Segment Start: Supplied records
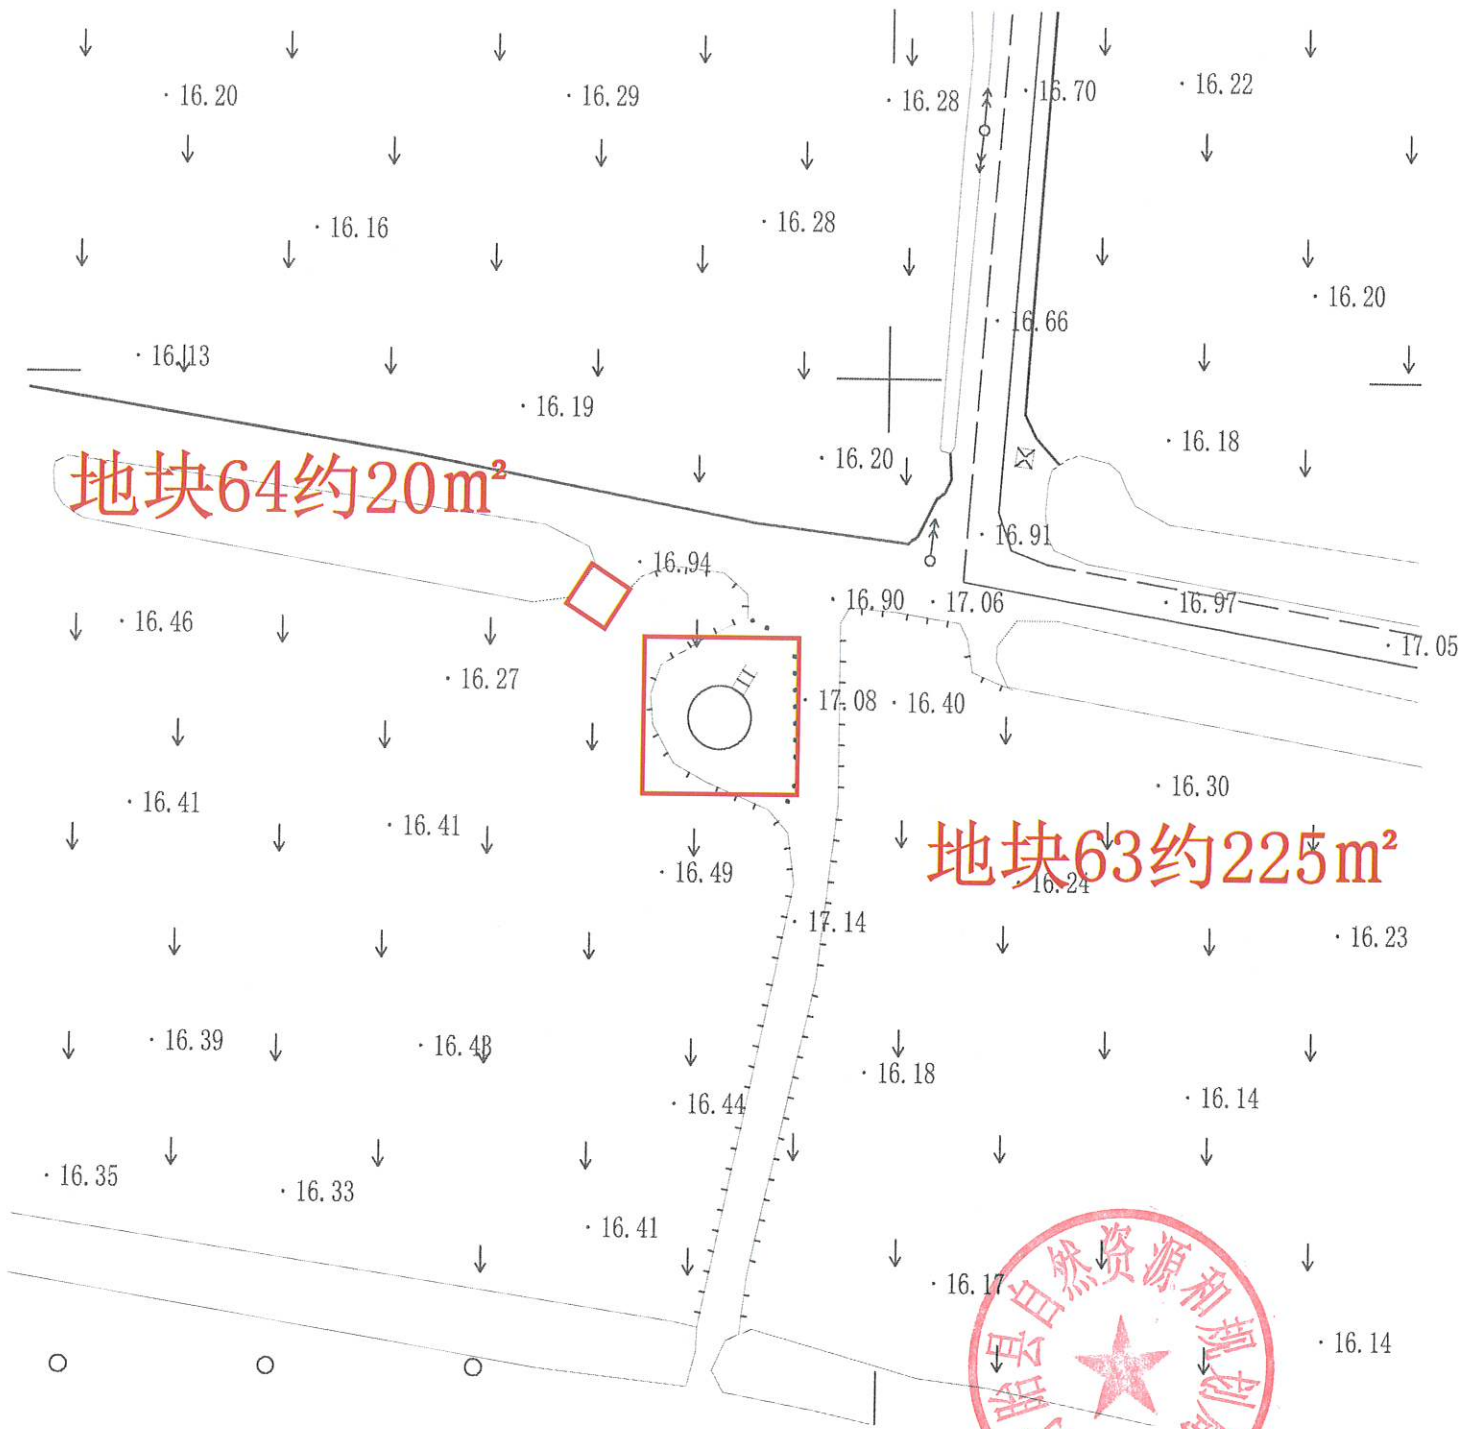

80个地块总用地面积约9800m²

2024.9.25

地块1约225m²

地块2约20m²

地块19约225m²

地块20约20m²

地块21约225m²

地块22约20m²

地块39约225m²

地块40约20m²

地块42约20m²

地块41约225m²

塘

地块44约20m²

地块43约225m²

地块45约225m²

地块46约20m²

地块51约225m²

地块52约20m²

地块58约20m²

地块57约225m²

地块61约225m²

地块62约20m²

地块79约225m²

地块80约20m²
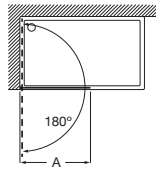

Tomando como referencia el vértice de la mampara, determinamos la posición derecha o izquierda

Line

Altura 2000 mm

Walk-in

Line D1H

Hoja de ducha batiente mediante perfil

Medidas (A)	Cristal 6 mm			
	Cristal Transparente		Cristal Fumato, Mate o Decorado*	
	Plata Brillo	Negro mate cepillado	Plata Brillo	Negro mate cepillado
600 - 800	€ 455,00	€ 500,00	€ 563,00	€ 608,00
801 - 1000	€ 477,00	€ 525,00	€ 590,00	€ 638,00
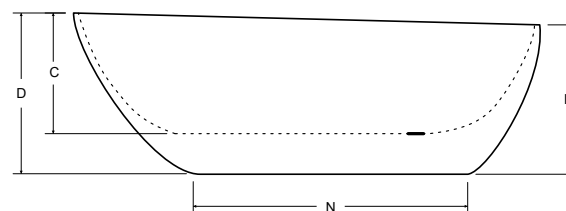

A	B	C	D	E	F	H	I	J	K	L	M	N
1420	620	440	590	530	220	596	1380	1010	400	330	15	955
1600	706	440	630	570	230	676	1570	1200	480	290	15	1080
1692	722	425	610	570	245	688	1656	1300	510	295	18	1175
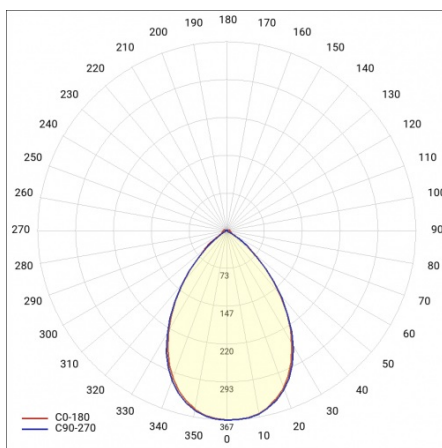

LINEA S LED HE 1176MM 10300LM 840 IP40 105D (67W)

FICHE DÉTAILLÉE DE PRODUIT

TABLEAU DES PARAMÈTRES TECHNIQUES

Référence:	980497	Matériau du corps:	acier
EAN:	5905963980497	Couleur du corps:	blanc
Puissance nominale du luminaire [W]:	67	Degré d'étanchéité:	IP40
Flux lumineux du luminaire [lm]:	10300	Dimensions (H/L/P/S) [mm]:	1176/53/26
Plage de tension alternative [V]:	220-240	Méthode de montage:	en saillie, en suspension
Fréquence [Hz]:	50-60	Température de travail [° C]:	de -20 à +35
Efficacité lumineuse du luminaire [lm / W]:	154	Câble - longueur [m]:	0.30
Classe énergétique:	C	Dimensions du carton simple (H / L / P) [mm]:	1176/67/50
Classe de protection:	I	Nombre de pièces sur une palette [pcs]:	104
Température de couleur [K]:	4000	Poids net [kg]:	1.500
Indice de rendu des couleurs (Ra):	>80	Type de diffuseur:	congelé
SDMC:	≤ 3	Garantie [ans]:	5
Durée de vie de la LED L70B50 [h]:	196000	Certificat CE:	172/2023
Durée de vie de la LED L80B20 [h]:	123000	Certificat ENEC:	0331/ENEC/23
Angle d'éclairage [°]:	105	HACCP:	852/2004
Durée de vie de la LED L90B10 [h]:	60000	Instructions d'installation:	Download PDF
Type de diffusion:	symétrique	Sécurité photobiologique:	groupe de risque 1 (faible risque)
Matériau du diffuseur:	PC	Pliq LDT:	Download

COURBES LÉGÈRES
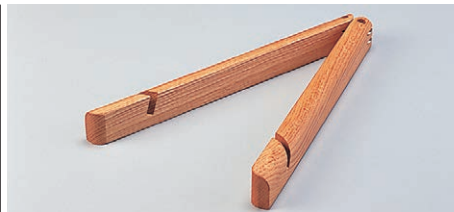

画板用スタンド

使用例

画板立てイーゼル FB-37型

●01-5820 ..... 3,300円(3,000円)

サイズ:折畳んだ時=370×45×38mm、広げた時=幅410×奥行325×高さ38mm

材質:亜麻仁油塗装タモまたは一般硬木材
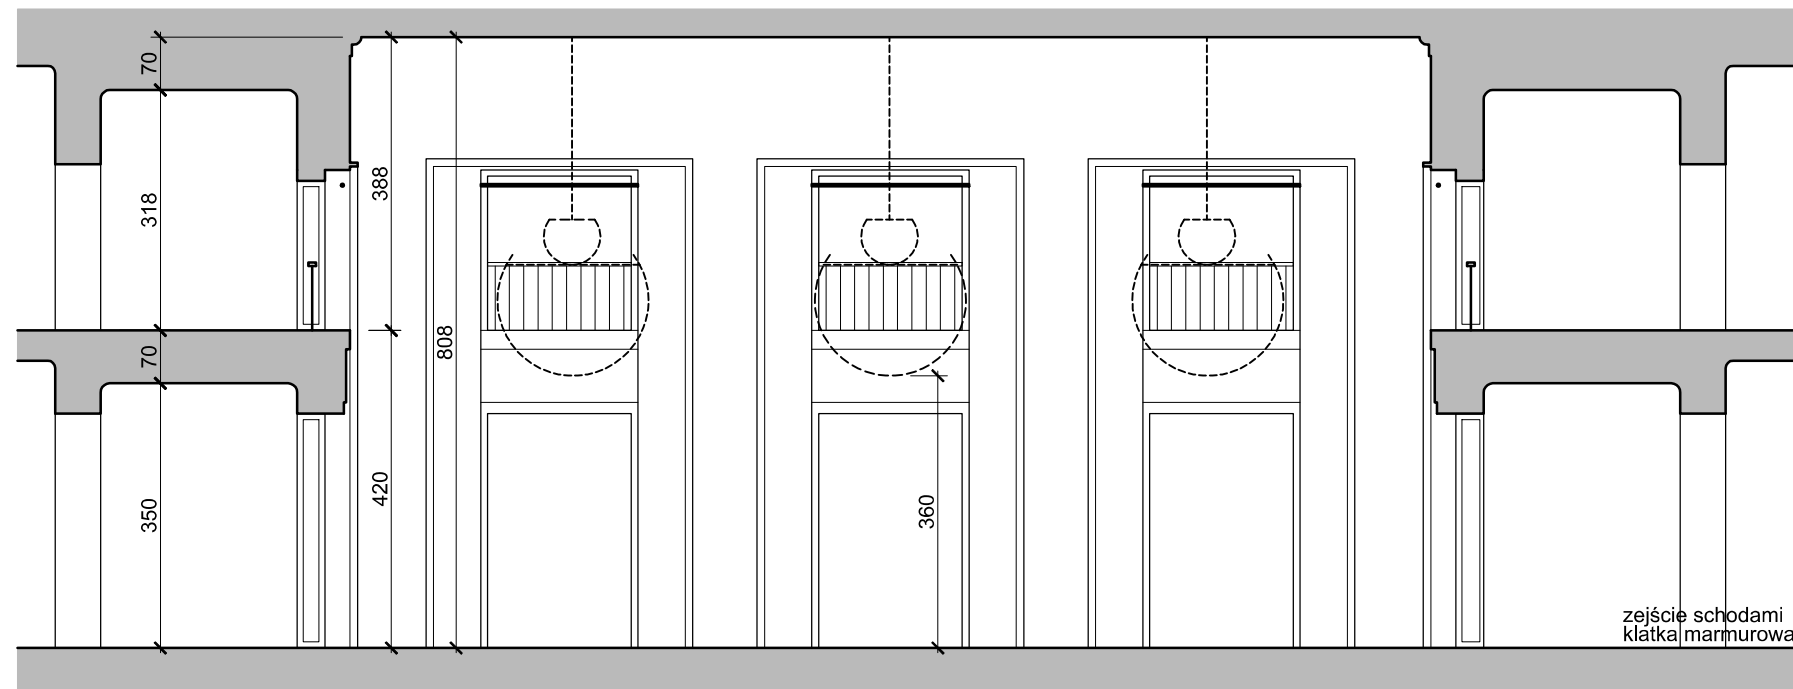

Teatr Studio im. St. I. Witkiewicza
Plac Defilad 1, 00-901 Warszawa

"FOYER"
schemat sali na potrzeby
scenografii teatralnych
rzut

rys. D1, skala 1:100
[A3], data: 19.02.2014

Teatr Studio im. St. I. Witkiewicza
Plac Defilad 1, 00-901 Warszawa

"FOYER"
schemat sali na potrzeby
scenografii teatralnych
widok 1, widok 2

rys. D2, skala 1:100
[A3], data: 19.02.2014

Teatr Studio im. St. I. Witkiewicza
Plac Defilad 1, 00-901 Warszawa

"FOYER"
schemat sali na potrzeby
scenografii teatralnych
widok 3, widok 4

rys. D3, skala 1:100
[A3], data: 19.02.2014
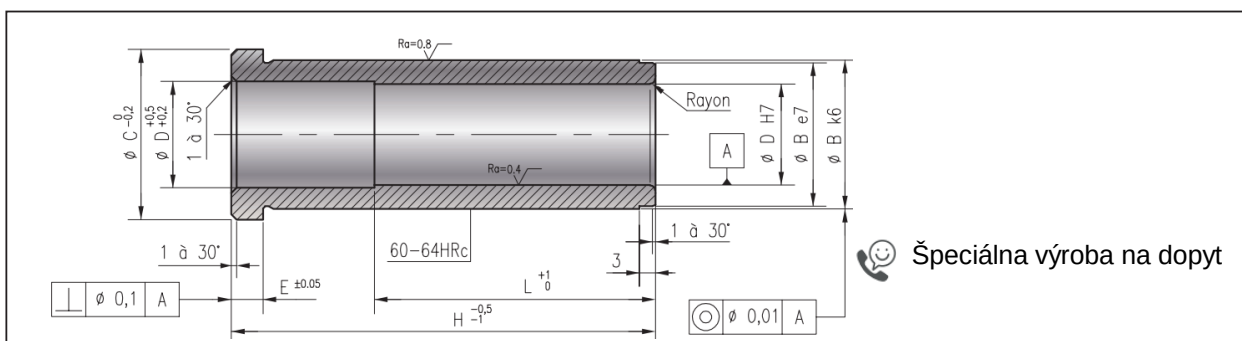

Vodiace púzdro OXA bez centrovacieho nákrúžku

COM-1053

Objednávacie číslo: **COM – 1053** Príklad objednania : COM - 1053 - DxH

B	C	E	L	D	H
18	23	6	17	12	17
			22		22
			27		27
			36		36
			46		46
			56		56
20	25	6	12	14/15	12
			17		17
			22		22
			27		27
			36		36
			46		46
			56		56
			56		56
22	27	6	17	16	17
			22		22
			27		27
			36		36
			46		46
			56		56
26	31	6	17	18/20	17
			22		22
			27		27
			36		36
			46		46
			56		56
			66		66
			76		76
			76		86
			76		96
76	116				

B	C	E	L	D	H
30	35	6	17	22/24	17
			22		22
			27		27
			36		36
			46		46
			56		56
			66		66
			96		96
42	47	6	27	30/32	27
			36		36
			46		46
			56		56
			66		66
			76		76
			86		86
			96		96
54	60	10	46	40/42	46
			56		56
			66		66
			76		76
			86		86
			96		96
			116		116
			136		136
			136		156
			136		196
136	246				
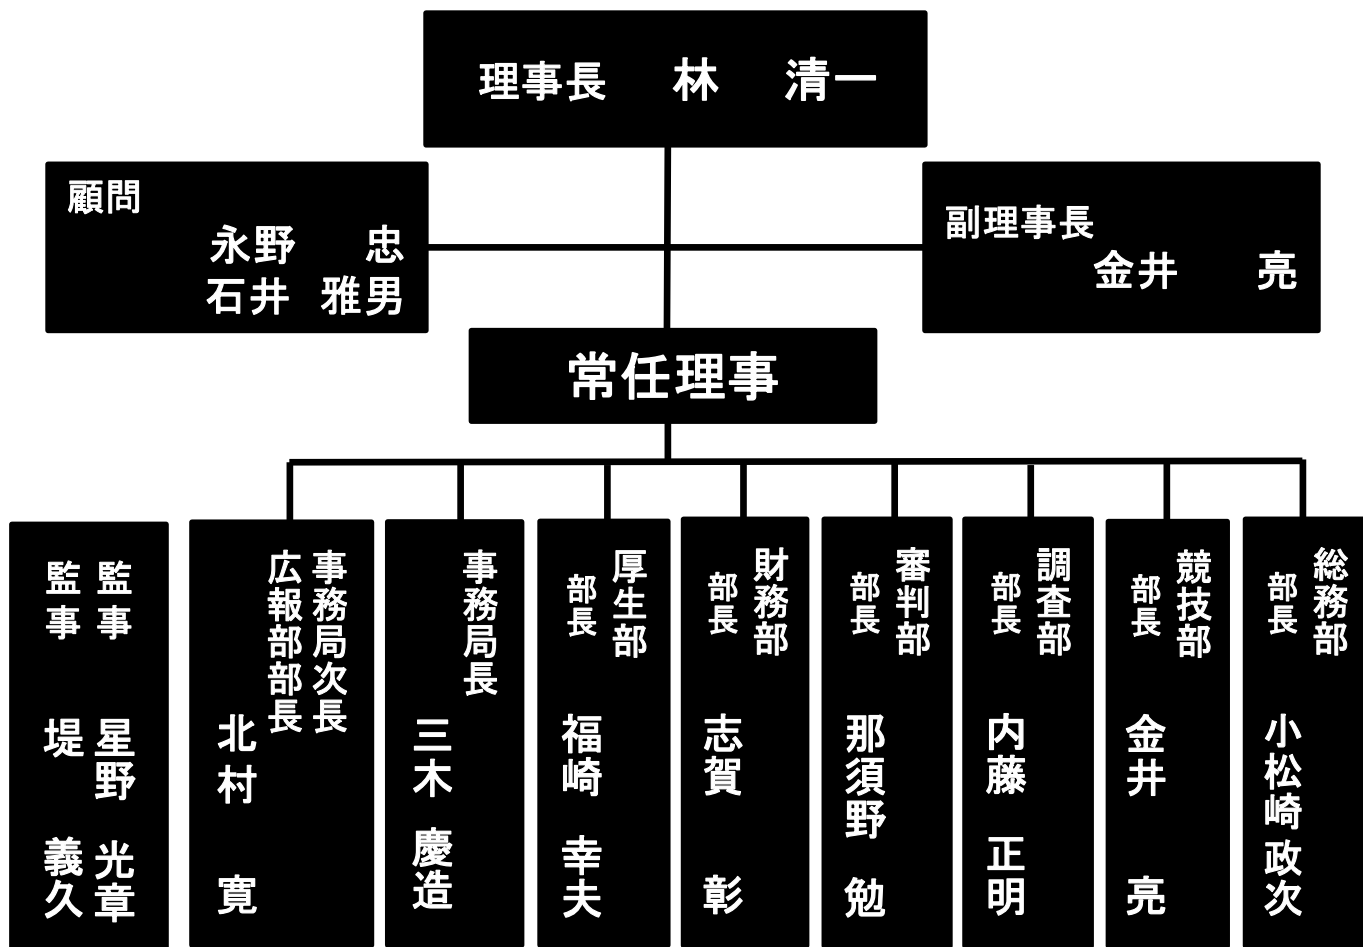

関東連盟組織図

一般財団法人日本リトルシニア中学硬式野球協会 【関東連盟理事】

相葉青木部	延行市一	大尾友崎博	須藤藤	邦夫	橋爪	義孝
青木部	行一	尾崎弥	須野高	昌司	橋本	邦浩
阿部	二	野寛	須高	介男	本場	一
荒野	明	基	高竹	男行	田田	正
天野	弘	雅	竹田	悦弘	田松	正
有本	隆	一	田谷	弘彦	田永	安
飯本	弘	喜	椿富	子洋	田永	紀
飯尾	一	新	中中	一之	永	一
石境	良	喜	中中	之衛	下	忠
猪野	郎	正	納長	修	边	二
植草	也	道			边	幾
大賀	夫	晴			田	久
					田	正
					和	
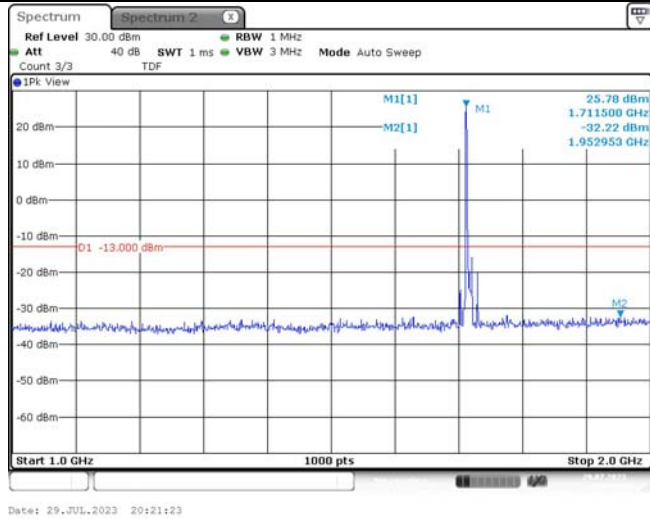

Band4-10MHz-16QAM-20000-1RB#0-Range2:1000~2000MHz
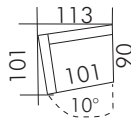

84
Element
Abschl.-hocker links
122x89x85

85
Element
Abschl.-hocker rechts
122x89x85

41
Ecksofa 2-sitzig
Abschl. hocker rechts
209x89x85

42
Ecksofa 2-sitzig
Abschl. hocker links
209x89x85

98
Ecksofa 2-sitzig schräg
mit Abschl.-hocker links
202x127x85

99
Ecksofa 2-sitzig schräg
mit Abschl.-hocker rechts
202x127x85

48
Element schräg
ST links
104x122x85

49
Element schräg
ST rechts
104x122x85

94
Element schräg
ST links
113x101x85

95
Element schräg
ST rechts
113x101x85

40
Sofa 3-sitzig schräg
2 ST
226x113/101x85
2-teilig

T05
Eckteil
Spitzecke
88x88x85

T18
Element
1 ST links
84x89x85

T19
Element
1 ST rechts
84x89x85

T96
Element
1 ST links
94x89x85

T97
Element
1 ST rechts
94x89x85
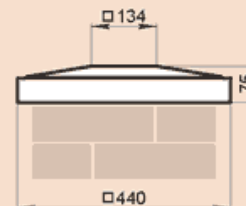

Масса 32,6 кг

LK44PS

Масса 69,3 кг

Стыкуется с профилем LP30C

LK44S

Масса 26,2 кг

LK44-54A

Масса 102 кг
Segment End: Supplied records
Your instructions: Wherever the string "Classe" appears in the data above, report the whole line.

Answer to the exercise:
Classe énergétique:	C	Dimensions du carton simple (H / L / P) [mm]:	1176/67/50
Classe de protection:	I	Nombre de pièces sur une palette [pcs]:	104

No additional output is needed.